Come Ennio Morricone. La sua storia l’ha colpita molto...
«In un bellissimo documentario che Tornatore ha dedicato a Morricone, il Maestro riscatta il padre diventando quello che il padre non è riuscito a essere perché è rimasto un musicista mediocre, un musicista da balera. Ma dalla sua storia emerge che Ennio Morricone non è riuscito a godersi fino in fondo il successo ottenuto. C’è una sorta di nostalgia. Il sogno del padre è diventato il suo compito. Quindi è importante capire quanto siamo dentro un copione educativo e chiederci cosa ce ne facciamo. Bisogna esplorarlo e stabilire ciò che vogliamo tenere e ciò che vogliamo buttare».
Lei fa l’esempio del cambio armadi... Ma c’è qualcosa che bisogna sicuramente conservare e, al contrario, qualcosa di cui ci dobbiamo liberare? È una scelta soggettiva o ci sono dei punti fermi?
«Non esiste una linea. Ognuno deve fare i conti con la propria storia. Senz’altro non possiamo processare i nostri genitori, perché sarebbe una inutile dispersione di energia. Ma possiamo analizzare l’educazione ricevuta per emanciparci e fare le scelte adeguate per vivere la nostra vita».
Eccoci quindi arrivati al Non sarò la tua copia...
«Non sarò la tua copia non è un grido di ribellione verso qualcuno quanto la carica per darsi il coraggio che serve a realizzare i propri desideri. La metafora di Nietzsche sul cammello, il leone e il drago è perfetta in questo senso».
Può spiegarla?
«Il cammello simboleggia l’infanzia che è caratterizzata dall’obbedienza, dall’accettare gli obblighi.
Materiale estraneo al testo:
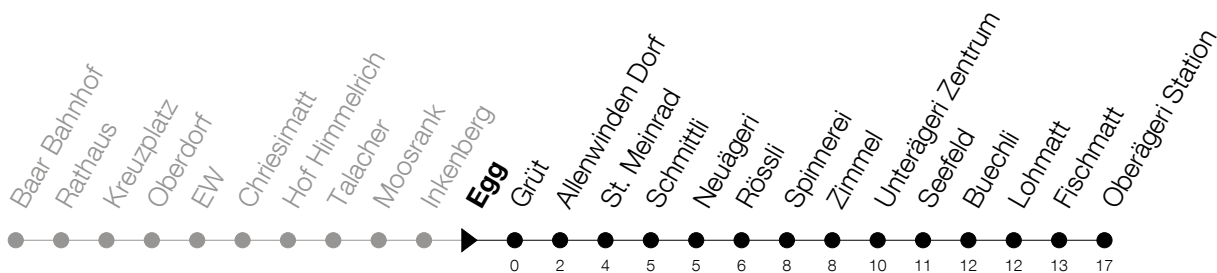

Abfahrtszeiten Haltestelle: **Egg**

Gültig von 15.12.2019 bis 12.12.2020

h	Montag - Freitag	Samstag	Sonntag
6	31 58		
7	15 _A 43 _A		
8	15 _A 43 _A		
9			
10			
11			
12			
13			
14			
15			
16	43 _A		
17	15 _A 20 43 _A		
18	15 _A 20 _A 43 _A		
19	15 _A		

A : Verkehrt bis Unterägeri, Zentrum

Am 25.12./26.12./01.01./02.01./10.04./13.04./21.05./01.06./11.06./01.08./15.08./08.12. gilt der Sonntagsfahrplan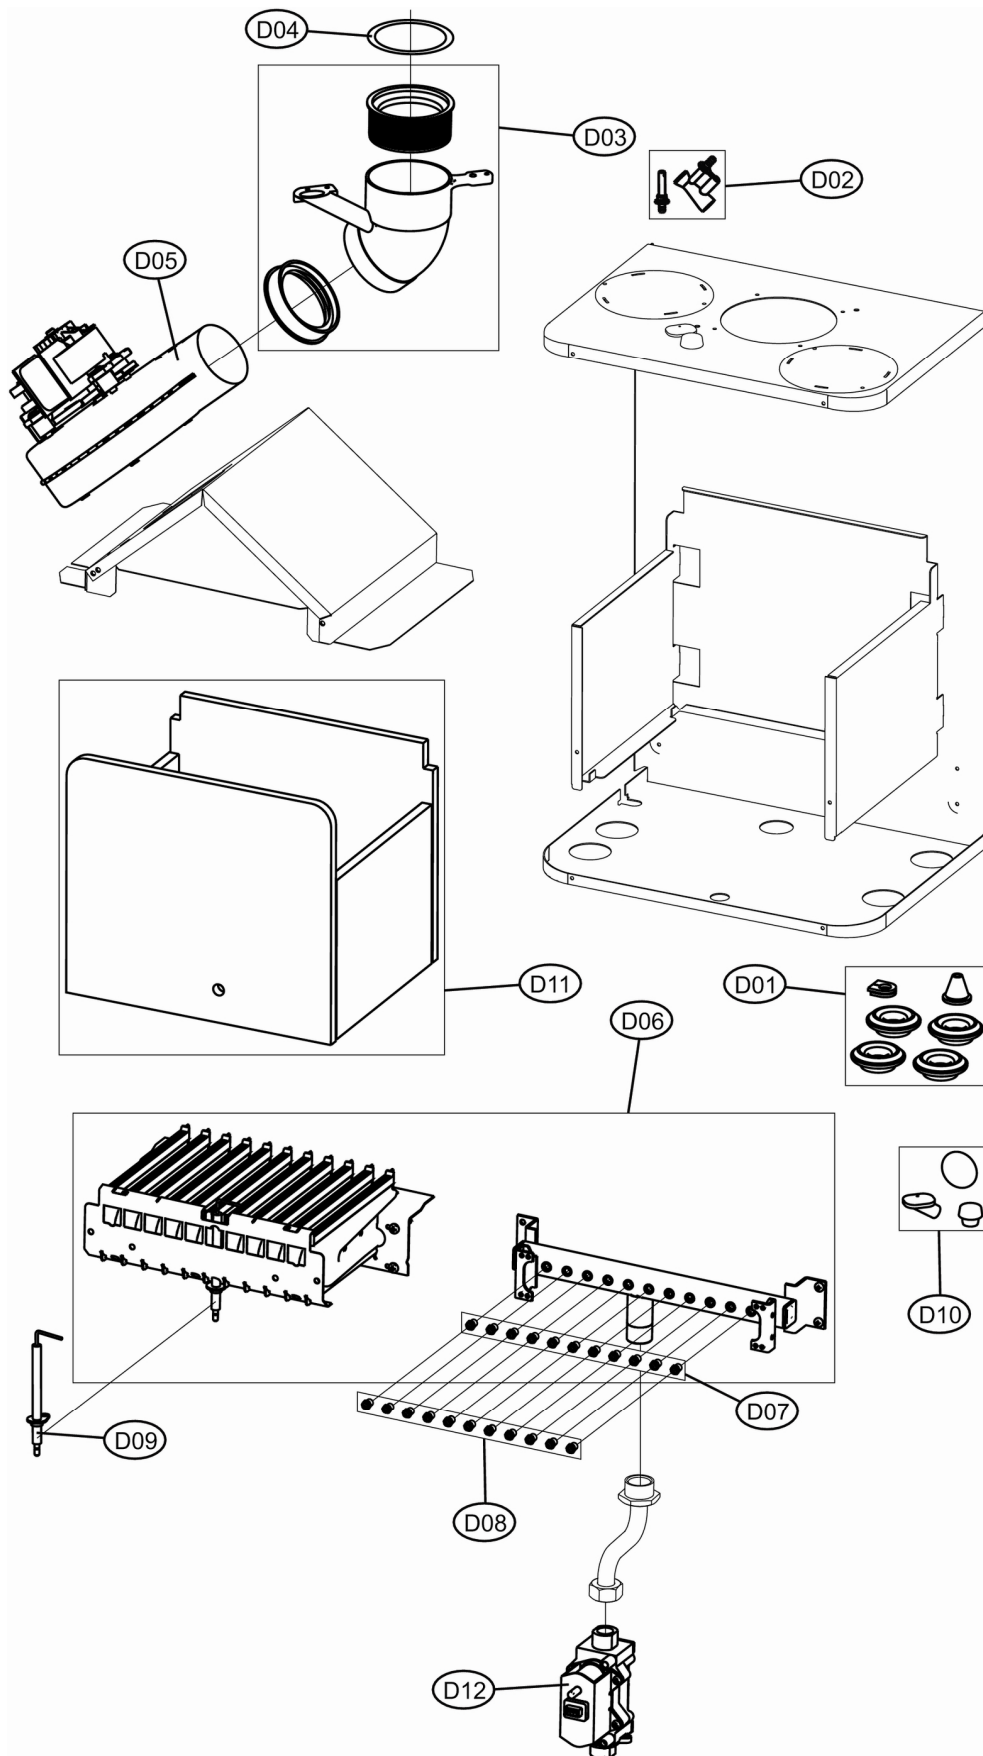

DOMIproject F24 D

DOMIproject F24 D

DOMIproject F24 D

DOMIproject F24 D

DOMIproject F24 D

LISTA PEZZI

POS.	CODICE	DESC.	QT.
A01	39819490	KIT MANTELLO "FOL"(31115950)	1.000
B01	39841330	KIT CENTRAL.ABM01 (38325440)	1.000
B02	39841340	KIT MASCHER.ABM01 FOL(35014740)	1.000
B03	39820080	KIT IDROMETRO (36402191)	1.000
B04	39841280	KIT CAVI CABL.AB.F4 (38325560)	1.000
B05	39841300	KIT CAVO MONO EL. (36003660)	1.000
C01	39838050	KIT GUARNIZIONI CALD. Fm.D9F	1.000
C02	39840380	KIT 10 MOLLE SC. D14(34300930)	1.000
C03	39837700	KIT 20 GUARN.OR 13,5 (35103070)	1.000
C04	39840260	KIT 10 MOLLE SC. D18(34300940)	1.000
C05	39837690	KIT 20 GUARN.OR 17,5 (35103080)	1.000
C06	39837660	KIT SCAMB.BITERM. (37405340)	1.000
C07	39827800	KIT VASO ESP.7Lt. (36800800)	1.000
C08	39819550	KIT SONDA TEMP. (36200730)	1.000
C09	39810230	KIT SONDA TEMP.SAN. (36200640)	1.000
C10	39818450	KIT POMPA UNIV.15-50 GRND	1.000
C11	39818220	KIT V.ARIA (39404380-39404730)	1.000
C12	39818260	KIT PRESSOST.H2O (39404710)	1.000
C13	39818270	KIT VALV.SIC. (36902760)	1.000
C14	39818550	KIT FLUSSOST.ELTEK (36400710)	1.000
C15	39819560	KIT RUBIN.CARICO (36902140)	1.000
C16	39813230	KIT 5 FILTRI FLUSS. (39402940)	1.000
C17	39818230	KIT 5 VALV.N/R (39404740)	1.000
C18	39813010	KIT 5 REG.PORT.10Lt.(36902080)	1.000
D01	39819680	KIT GUARN.CALD. Sr.ABF7	1.000
D02	39808471	KIT PRESE (35101310-35101323)	1.000
D03	39817990	KIT CURVA USC.FUMI (33301610)	1.000
D04	39819460	KIT DIAFR.FUMI Di.43-47	1.000
D05	39817550	KIT VENTIL. (36601851)	1.000
D06	39819630	KIT BRUC.11R.m. (37608911)	1.000
D07	39819590	KIT 11 UG.135(34009821)+DF.500	1.000
D08	39819600	KIT 11 UG.0,79 gpl (34013300)	1.000
D09	39819430	KIT ELETTRODO ACC. (36702890)	1.000
D10	39820480	KIT SPIA (35102690-35102350)	1.000
D11	39819610	KIT ISOL.CAM.COMB.Sr.ABC4-ABF4	1.000
D12	39841320	KIT VALV.GAS SGV (36803260)	1.000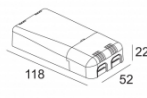

[Ссылка на сайт](#) / [Техническое описание](#)

LED POWER SUPPLY MULTI-POWER DIM1
300 90 64

110-240V / 0/50-60Hz

Количество светильников: 1(1) / 1(0)

[Ссылка на сайт](#) / [Техническое описание](#)

LED POWER SUPPLY MULTI-POWER DIM5
300 90 125

Poi il cammello si trasforma in un leone che rappresenta l’età adulta. Il leone che nascerà avrà il compito di uccidere il drago che si chiama “tu devi”. La lotta contro il drago è difficile ma dopo saremo capaci di rivedere il mondo e le esperienze con gli occhi già usati nel passato scoprendo però altre dimensioni di conoscenza».
Ora provate a scrivere l’incipit del vostro romanzo educativo. E poi ancora date un aggettivo al copione educativo che avete ricevuto. Infine, interrogatevi su quale sia il vostro cammello, il leone e il drago che avete combattuto o dovete ancora combattere per realizzarvi. Prendete carta e penna. Non è semplice. È una autoanalisi che richiede una impegnativa riflessione sulla propria storia. Ma ne vale la pena. In fondo non vogliamo essere tutti protagonisti della nostra vite?